Tom, did we maybe regress bug 1633101 with your change?
Comment 17•4 years ago
|
||
It's plausible that rebuilding the image updated some package that triggers the error... What happens if you take the changeset before bug 1633101, add an empty line to taskcluster/docker/ubuntu1804-test/Dockerfile, and push to try to run that puppeteer test?
Comment hidden (Intermittent Failures Robot) |
Comment 19•4 years ago
|
||
(In reply to Mike Hommey [:glandium] from comment #17)
It's plausible that rebuilding the image updated some package that triggers the error... What happens if you take the changeset before bug 1633101, add an empty line to taskcluster/docker/ubuntu1804-test/Dockerfile, and push to try to run that puppeteer test?
I assume you mean bug 1626058 here. So I pushed a try build for the parent commit:
https://treeherder.mozilla.org/#/jobs?repo=try&revision=aeb54d91310c8d75162f4cda3e55bfc3dc806b30
Comment 20•4 years ago
|
||
So the tests are passing with the parent changeset from bug 1626058 used. That means it's not related to some updated packages inside the docker container, but related to how the docker image is getting built. Any further ideas to check? Otherwise I hope that Tom could have a look at it.
Comment 22•4 years ago
|
||
So this is clearly caused by a slow startup of Firefox which is aborted after 15s:
https://treeherder.mozilla.org/logviewer.html#/jobs?job_id=309851380&repo=try&lineNumber=158-381
Nearly all the time is spent between the following lines:
task 2020-07-15T14:25:29.864Z] PID 198 | DEBUG: Adding blocker TelemetryController: shutting down for phase profile-before-change-telemetry
[task 2020-07-15T14:25:44.334Z] PID 198 | DEBUG: Adding blocker EnvironmentAddonBuilder for phase AddonManager: Waiting to start provider shutdown.
The EnvironmentAddonBuilder
seems to get added by Telemetry via:
https://searchfox.org/mozilla-central/rev/82c04b9cad5b98bdf682bd477f2b1e3071b004ad/toolkit/components/telemetry/app/TelemetryEnvironment.jsm#544-548
I actually don't expect Telemetry to run for Puppeteer. And I see that it gets disabled via the preferences:
https://searchfox.org/mozilla-central/rev/82c04b9cad5b98bdf682bd477f2b1e3071b004ad/remote/test/puppeteer/src/node/Launcher.ts#570
So why do we still see Telemetry code running?
Also are there any kind of MOZ_LOG logs, which could be helpful to nail this down?
Comment 23•4 years ago
|
||
That pref disables upload. Telemetry still needs to exist in order that the instrumentation code in Firefox runs without error.
The Environment specifically is a very heavyweight object that is built at startup on each launch from a variety of sources and is used by not just Telemetry but by things like the Crash Reporter as well. There's no clear signal that we could decide to instead not build the Environment because of how many consumers there are.

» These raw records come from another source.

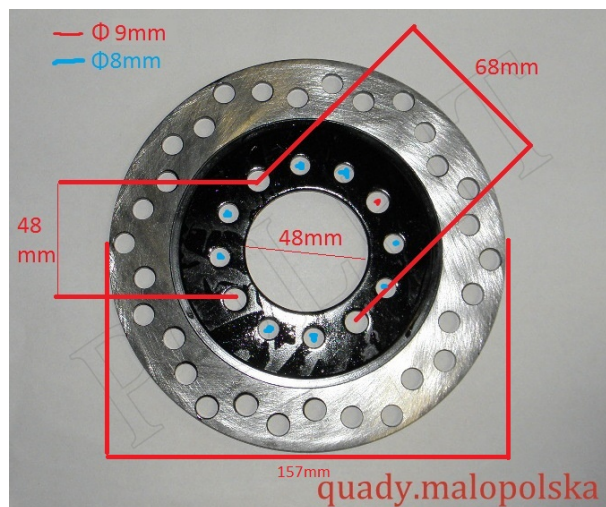

TWOJE LOGO

Utworzono 24-06-2024

Tarcza hamulca tył ATV

Cena : 29,00 zł

Nr katalogowy : **R13385**

Stan magazynowy : **brak w magazynie**

Średnia ocena : **brak recenzji**

Tarcza hamulca tył ATV 110 125 cc

watermark
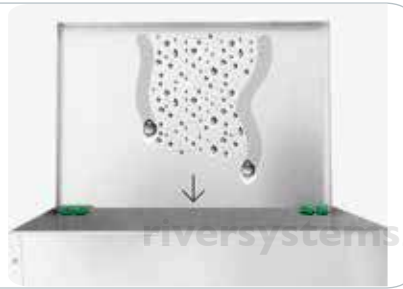

www.riversystems.it

via Marco Polo 33, 35011 Campodarsego (PD) Italia

Telefono: (+39) 0499202464
 Correo: info@riversystems.it

DETALLES DEL PRODUCTO

Tapa inclinada

Diseñado para facilitar el flujo de agua y la condensación que se forma en su interior.

Complementos en material plástico

Las bisagras para el movimiento de la puerta basculante y la tapa están hechas de material plástico para garantizar una larga vida útil del producto.

Patas

Patas de apoyo de plástico para evitar el contacto directo de la chapa con el suelo, por lo tanto, oxidaciones que pueden afectar a la duración del comedero.

Borde de goteo redondeado

Asegura que la lluvia no moje el pienso y que el animal no se lastime al comer.

Separador anti-desperdicio

Fabricado en material plástico, evita que el animal derrame el pienso.
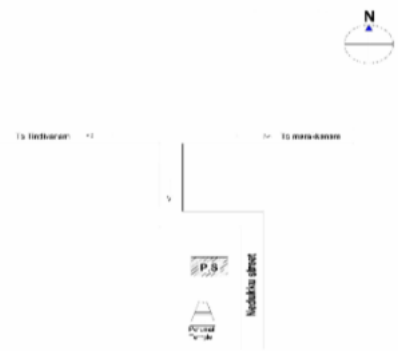

Cad View

Key MAP View
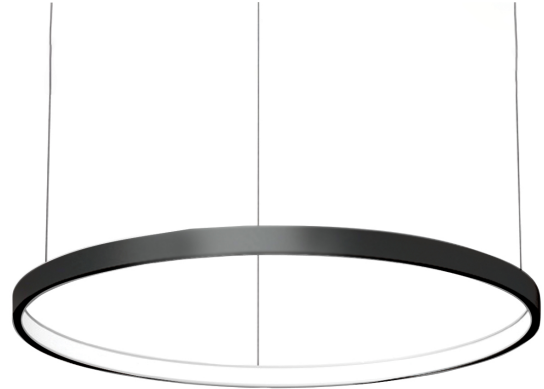

COL.3350.35

Modern pendelarmatuur, minimalistisch design, ultra dun.

Leverbaar in 4 afmetingen, van 700 tot 1500 mm.

Lichtbundel naar binnen gericht.

Aluminium huis.

Opaal PMMA diffuser.

Staaldraadophanging 1,5 m met draadverstelbussen (quick-adjust).

Plafondkap met driver.

Product naam	COL.3
Kleur	Zwart RAL9005
Dimbaar	Niet dimbaar
Vermogen	50W
Lumen	5200 lm
Lm/W	104
Kleurtemperatuur	4000K
CRI	>80
UGR	<25
Klasse	Klasse I
IP	IP40
Levensduur LED	60.000 uur (L80/B10)
Omgevingstemperatuur	-25°C tot 35°C
Diameter	1163 mm
Hoogte	52 mm
Sensor	Nee
Voeding	230V
Binnen/Buiten	Binnen

There are lots of Telemetry logs. You can enable them at a variety of levels using toolkit.telemetry.log.level
("Trace" will get you everything). If you like your logs to be in stdout as well as in the Browser Console, set toolkit.telemetry.log.dump
to true
(docs for these are over here).
Not sure what could cause it to take 15s. Getting the addon information is bounded in time by the provider, most of the rest is bound by the speed of reading a variety of system files and services (to get things like hdd size, os versions, gpu count and vendors, etc)... there's been some changes in the past year to improve the asynchronicity of some of the worst offenders, but script can always block on waiting for the full environment to be present (especially if there's a shutdown during startup).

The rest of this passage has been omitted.